====== Records provided

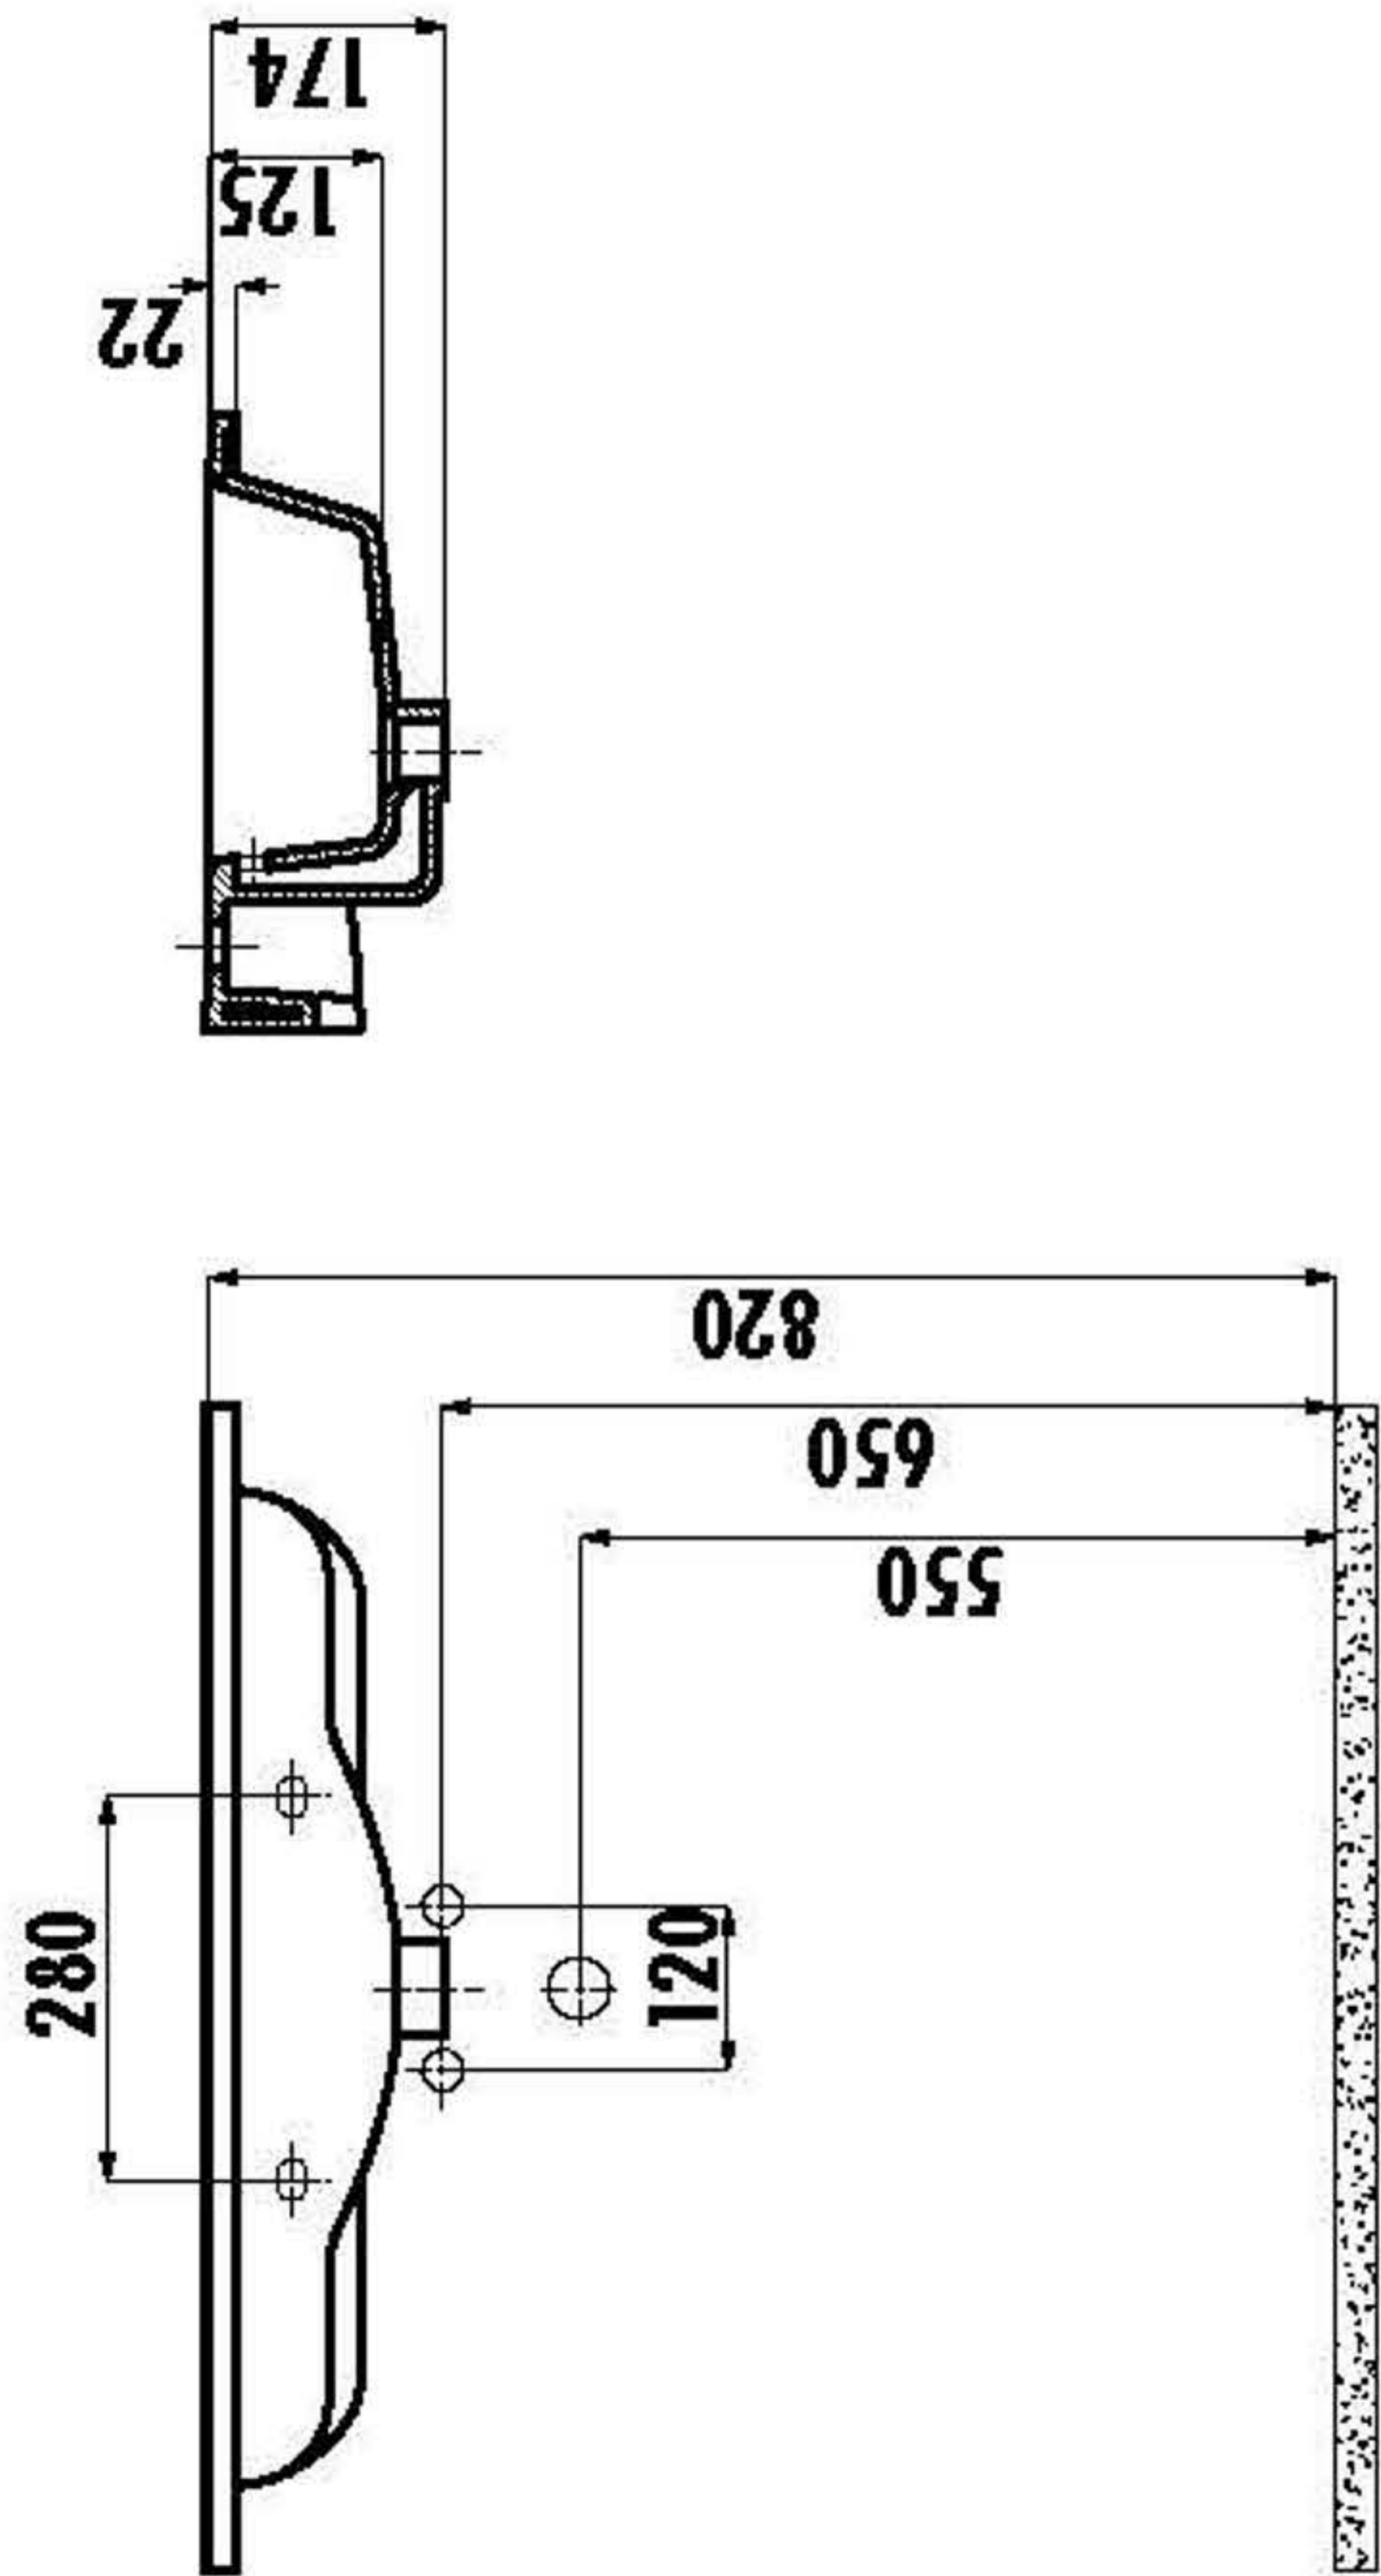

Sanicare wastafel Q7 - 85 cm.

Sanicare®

============
====== Records provided

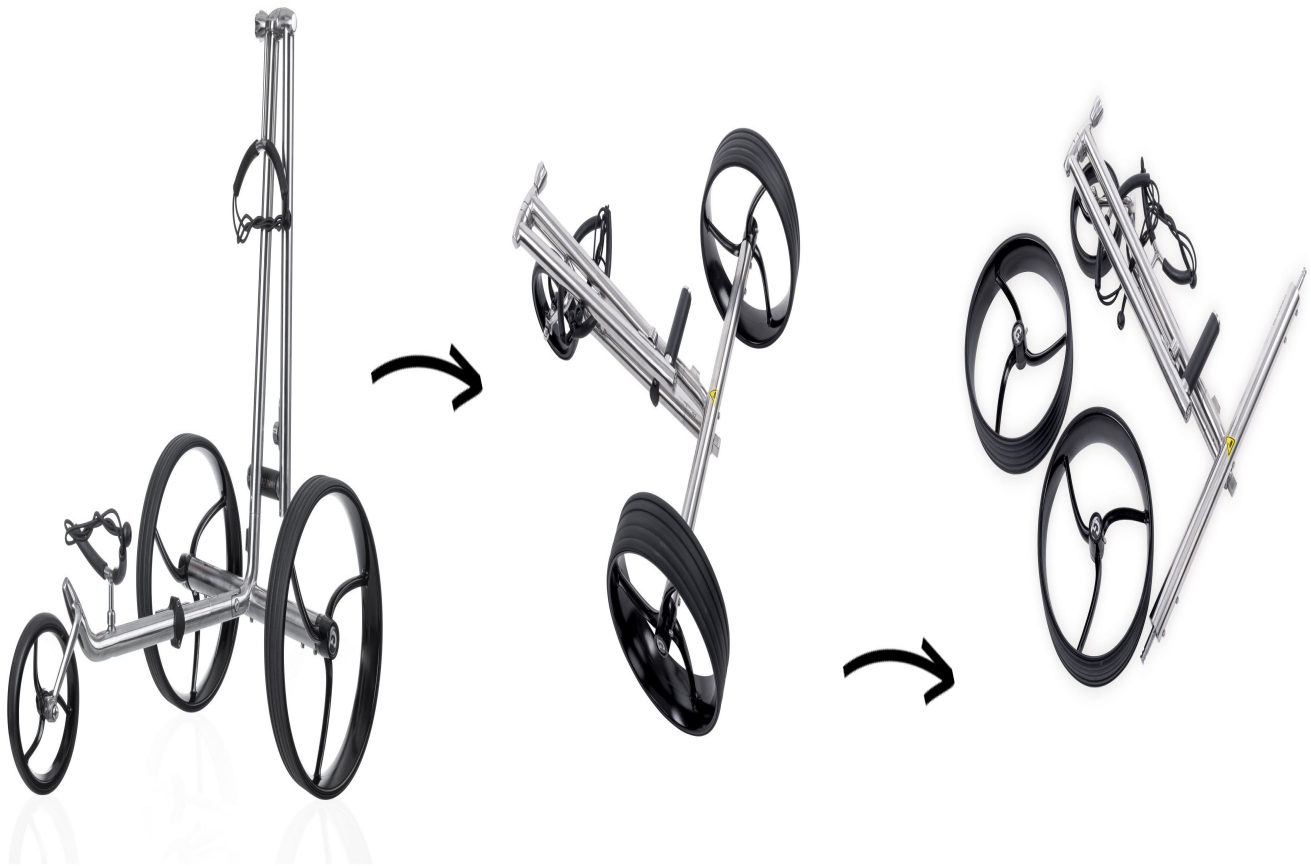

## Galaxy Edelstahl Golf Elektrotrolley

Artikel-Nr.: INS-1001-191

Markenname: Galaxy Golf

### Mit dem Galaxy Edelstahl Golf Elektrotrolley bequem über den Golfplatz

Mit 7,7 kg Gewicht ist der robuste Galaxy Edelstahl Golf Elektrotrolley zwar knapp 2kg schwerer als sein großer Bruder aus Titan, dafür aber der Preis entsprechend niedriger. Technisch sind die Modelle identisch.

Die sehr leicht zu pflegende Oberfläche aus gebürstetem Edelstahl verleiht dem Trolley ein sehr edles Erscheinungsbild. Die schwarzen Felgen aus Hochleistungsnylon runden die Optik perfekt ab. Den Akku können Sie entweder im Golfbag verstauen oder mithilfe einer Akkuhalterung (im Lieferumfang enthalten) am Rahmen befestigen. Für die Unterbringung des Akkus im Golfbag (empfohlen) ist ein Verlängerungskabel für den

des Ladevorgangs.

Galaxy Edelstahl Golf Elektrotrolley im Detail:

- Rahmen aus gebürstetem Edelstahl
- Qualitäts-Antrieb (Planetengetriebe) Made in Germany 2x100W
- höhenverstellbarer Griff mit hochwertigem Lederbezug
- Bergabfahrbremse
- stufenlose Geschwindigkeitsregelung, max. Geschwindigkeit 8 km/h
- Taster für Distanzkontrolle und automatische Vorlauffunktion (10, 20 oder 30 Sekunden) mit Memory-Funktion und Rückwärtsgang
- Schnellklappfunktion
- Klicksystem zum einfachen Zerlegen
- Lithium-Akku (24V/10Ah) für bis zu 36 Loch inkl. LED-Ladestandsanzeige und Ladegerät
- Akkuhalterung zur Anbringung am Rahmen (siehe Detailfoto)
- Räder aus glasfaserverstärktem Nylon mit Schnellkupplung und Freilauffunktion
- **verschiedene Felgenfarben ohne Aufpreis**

============
====== Records provided

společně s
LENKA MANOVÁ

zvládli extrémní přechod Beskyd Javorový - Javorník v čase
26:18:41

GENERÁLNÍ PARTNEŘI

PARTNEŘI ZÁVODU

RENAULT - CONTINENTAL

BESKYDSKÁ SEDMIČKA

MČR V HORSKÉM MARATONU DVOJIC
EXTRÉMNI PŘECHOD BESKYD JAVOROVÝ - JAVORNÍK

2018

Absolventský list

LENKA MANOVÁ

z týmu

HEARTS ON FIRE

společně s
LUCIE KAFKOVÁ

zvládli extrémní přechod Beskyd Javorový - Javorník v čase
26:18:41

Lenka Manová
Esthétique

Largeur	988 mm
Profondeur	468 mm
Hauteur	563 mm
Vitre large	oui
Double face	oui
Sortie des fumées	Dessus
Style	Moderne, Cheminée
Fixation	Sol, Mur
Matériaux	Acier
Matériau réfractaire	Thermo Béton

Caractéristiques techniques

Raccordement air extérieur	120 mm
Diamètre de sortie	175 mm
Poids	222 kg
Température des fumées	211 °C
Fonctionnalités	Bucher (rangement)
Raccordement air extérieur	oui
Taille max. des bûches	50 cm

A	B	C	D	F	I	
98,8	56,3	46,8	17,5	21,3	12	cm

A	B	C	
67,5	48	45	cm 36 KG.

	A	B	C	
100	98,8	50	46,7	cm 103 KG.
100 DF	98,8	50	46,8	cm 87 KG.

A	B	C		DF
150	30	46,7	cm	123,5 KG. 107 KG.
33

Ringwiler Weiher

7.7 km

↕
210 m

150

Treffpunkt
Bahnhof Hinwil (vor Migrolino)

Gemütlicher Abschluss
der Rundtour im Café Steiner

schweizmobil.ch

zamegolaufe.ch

============

### Aim of the task
For the listing above, identify each line bearing "fumées".

### Completed task
Sortie des fumées	Dessus
Température des fumées	211 °C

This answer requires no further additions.